Exercise goal:
Where pictures appear, omit them, and copy exactly only the lines from the start of the listing through the line containing "- White Rubber Non-Marking Tracks", both included.
=== Available data ===
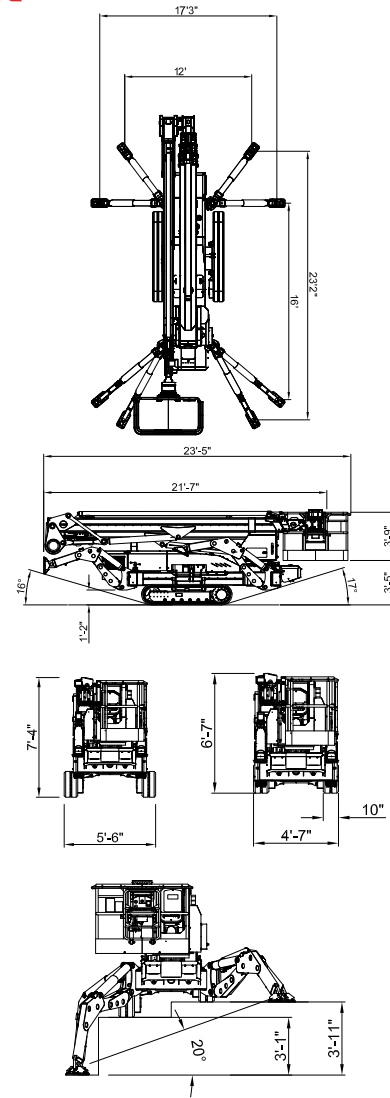

PLATFORM BASKET 33.15

107' WORKING HEIGHT

SPECIFICATIONS

Max. working height	107'
Max. outreach	50' (at 300 lbs)
Max. basket load	661 lbs
Basket size	4'8" x 1'11" x 3'7" (2-man basket interior)
Basket rotation	+/- 90°
Turret rotation	+/- 180°
Traveling length	23'5" (21'7" without basket)
Traveling height	6'7" (narrow mode) / 7'4" (wide mode)
Traveling width	4'7" (narrow mode) / 5'6" (wide mode)
Outrigger Spread	16' x 17'3" wide position / 12' x 23'2" narrow position
Battery	24V Lithium Ion Hybrid Power
Diesel Engine	Kubota Diesel, 22 HP
Total weight	15,334 lbs
Gradability, max. across slope	31% (17°)
Gradability, max. up and down slope	31% (17°)
Deployment ability on slopes up to	31% (17°)

DIAGRAMS

DATA AND DIMENSIONS ARE INDICATIVE AND NOT BINDING

ADD-ON OPTIONS:

- White Rubber Non-Marking Tracks
- Emergency 12V Hydraulic System
- Custom Colors
- 110V Hydraulic System
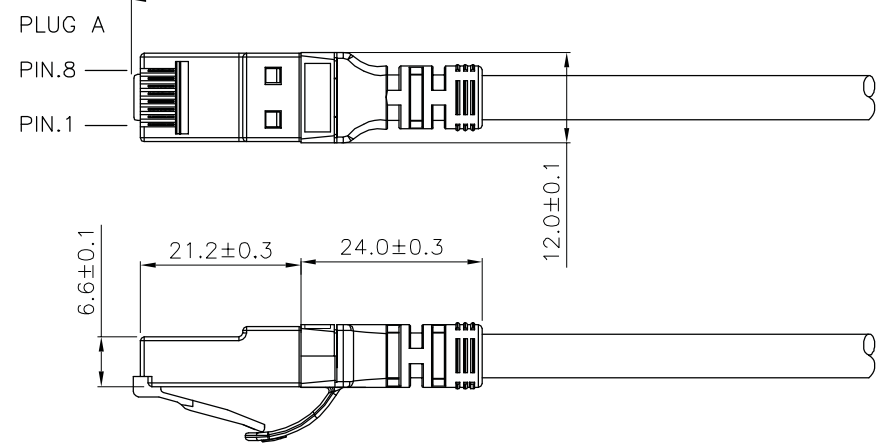

Datenblatt - Fiche technique - Data sheet

**21.15.2072**

ROLINE UTP-Patchkabel Kat.6 Component Level, LSOH, gelb, 1,5 m

Cordon ROLINE UTP Cat.6, LSOH, Component Level, jaune, 1,5 m

ROLINE UTP Cable Cat.6 Component Level, LSOH, yellow, 1.5 m

1 2 3 4 5 6

1.5m<sup>+20mm</sup><sub>-0mm</sub>

roline U/UTP PATCH CABLE 24AWG 4PR ANSI/TIA 568C.2 CAT.6 ETL Verified LSOH XXXXXX-X

Specification :

- Material :
- 1. RJ45 Plug :
    - 1-1. Housing : Polycarbonate,Transparent color
    - 1-2. Contact material : Phosphor Bronze with 50-60 micro-inch Nickel plated
    - 1-3. Contact finished : Min. 50 micro-inch Gold plated
  - 2. SR: PP-PP3015 Boot with nose
  - 3. Cable :
    - 3-1. Jacket : LSOH
    - 3-2. Conductor : 24 AWG stranded copper
    - 3-3. Isolation : PE
    - 3-4. Isolation Cross Bar for 4 pairs : PE
  - 4. Cable structure : U/UTP, 4 twisted pair with Cross Bar
  - 5. Minimum Bending Radius: 50mm

item no.	Jacket Color	
21.15.2070	grey	RAL7035
21.15.2071	red	RAL3031
21.15.2072	yellow	RAL1021
21.15.2073	green	RAL6029
21.15.2074	blue	RAL5015
21.15.2075	black	RAL9011
21.15.2076	white	RAL9003

item no	21.15.2070	21.15.2071	21.15.2072	21.15.2073	21.15.2074
	21.15.2075	21.15.2076			
Desc	ROLINE Cat 6 U/UTP Patch Cord,LSOH.Component Level,1.5m				
"#": Matching DIM.	DRAWING	10.Mar.2015	byz		
"*": Important DIM.	CHECK	10.Mar.2015	Jane		
Others General DIM.	APPROVAL	10.Mar.2015	Jaimy		
GENERAL TOLERANCE OF DIMENSIONS		DATE	NAME		
X.XXX ±0.005	SCALE	1/1 (A4)	UNIT	mm	
X.XX ±0.05	DRAWING NO.				
X.X ±0.1	DRAWING CLASSIFICATION		S	SHEET	1 OF 1

No.	MODIFIED AREA	ORIGINAL	MODIFY	DATE	MODIFIER

1 2 3 4 5 6 10cm
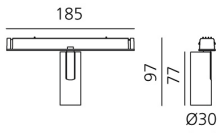

Vector Magnetic 30 - 6° 3000K DALI Brushed bronze

Carlotta de Bevilacqua

IP20   Dimmerable: 

LUMINAIRE

- Watt: **6W**
- Delivered lumens output: **475lm**
- CCT: **3000K**
- CRI: **80**
- Dimmable Typology: **Dali**

Notes

For operation use only Artemide Power Supply kit.

DESCRIPTION

Four sizes with three different beam angles each (spot, flood, wide flood) obtained by means of refractive or hybrid optical units. Junction arm integrated in the spotlight's body to keep the barycentre aligned with the track and prevent any imbalance in possible suspension versions of the track. The junction allows 360° rotation and 90° tilting for maximum emission adjustment freedom.

DIMENSIONS

- Height: **cm 9.7**
- Diameter: **cm 3**
- Base Length: **cm 18.5**
- Inclination: **-90+90**
- Rotation: **360°**

SOURCES INCLUDED

- Category: **Led**
- Number: **1**
- Watt: **6W**
- Color temperature (K): **3000K**
- CRI: **80**
- Color Tolerance: **MacAdam 3SDCM**
- Service Life: **L90 (10K) 60500h**
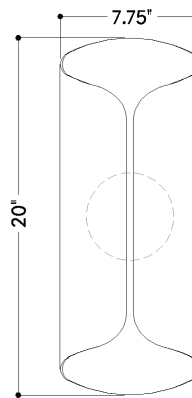

## DIMENSIONS

Height: 20"

Width/Diameter: 7.75"

Canopy/Backplate: 4.75"

Product Weight: 3.87lb

Extension: 4"

Top to Center: 10"

Canopy/Backplate Shape: Round

## SHIPPING

Carton 1: 24" x 10" x 7"

Carton 1 Weight: 8lb

Shipping Method: Ground

Country of Origin: CN

TOP

FRONT

SIDE
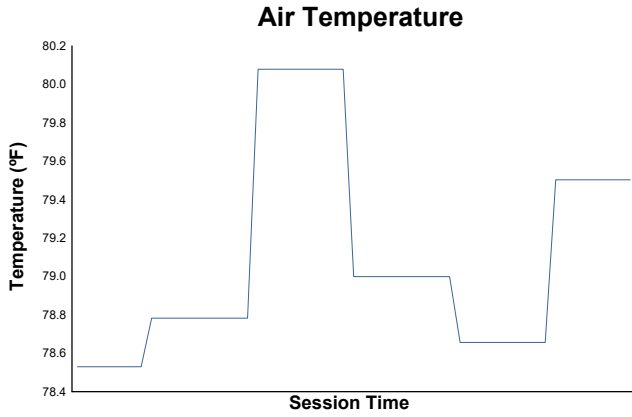

## B.R.M. Modern Enduro Weather Report

Track Status: **DRY**
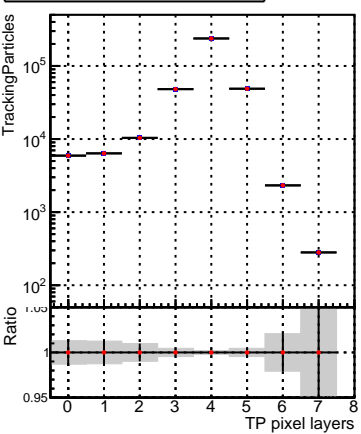

**N of simulated tracks vs hit****N of associated tracks (simToReco) vs hit****N of sim****N of associated tracks (simToReco) vs pixel layer****N of simulated tracks vs pixel layer****N of associated tracks (simToReco) vs pixel layer****N of simulated tracks vs 3D layer****N of associated tracks (simToReco) vs 3D layer**

—■ SoftQCD\_default  
—■ SoftQCD\_ckfPixelLessStep
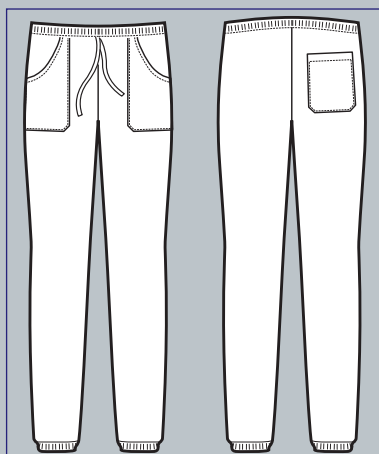

044661F
PANTAGIAFFA
LIGHT STRETCH
97% cotton
3% spandex
140 gr/m²
S • M • L • XL • XXL
BLACK JEANS

044667F
PANTAGIAFFA
LIGHT STRETCH
97% cotton
3% spandex
140 gr/m²
S • M • L • XL • XXL
JEANS

044661
PANTALACCIO
LIGHT STRETCH
97% cotton
3% spandex
140 gr/m²
S • M • L • XL • XXL
BLACK JEANS

044667
PANTALACCIO
LIGHT STRETCH
97% cotton
3% spandex
140 gr/m²
S • M • L • XL • XXL
JEANS
===
Your response:
PLATFORM BASKET 33.15

107' WORKING HEIGHT

SPECIFICATIONS

Max. working height	107'
Max. outreach	50' (at 300 lbs)
Max. basket load	661 lbs
Basket size	4'8" x 1'11" x 3'7" (2-man basket interior)
Basket rotation	+/- 90°
Turret rotation	+/- 180°
Traveling length	23'5" (21'7" without basket)
Traveling height	6'7" (narrow mode) / 7'4" (wide mode)
Traveling width	4'7" (narrow mode) / 5'6" (wide mode)
Outrigger Spread	16' x 17'3" wide position / 12' x 23'2" narrow position
Battery	24V Lithium Ion Hybrid Power
Diesel Engine	Kubota Diesel, 22 HP
Total weight	15,334 lbs
Gradability, max. across slope	31% (17°)
Gradability, max. up and down slope	31% (17°)
Deployment ability on slopes up to	31% (17°)

DIAGRAMS

DATA AND DIMENSIONS ARE INDICATIVE AND NOT BINDING

ADD-ON OPTIONS:

- White Rubber Non-Marking Tracks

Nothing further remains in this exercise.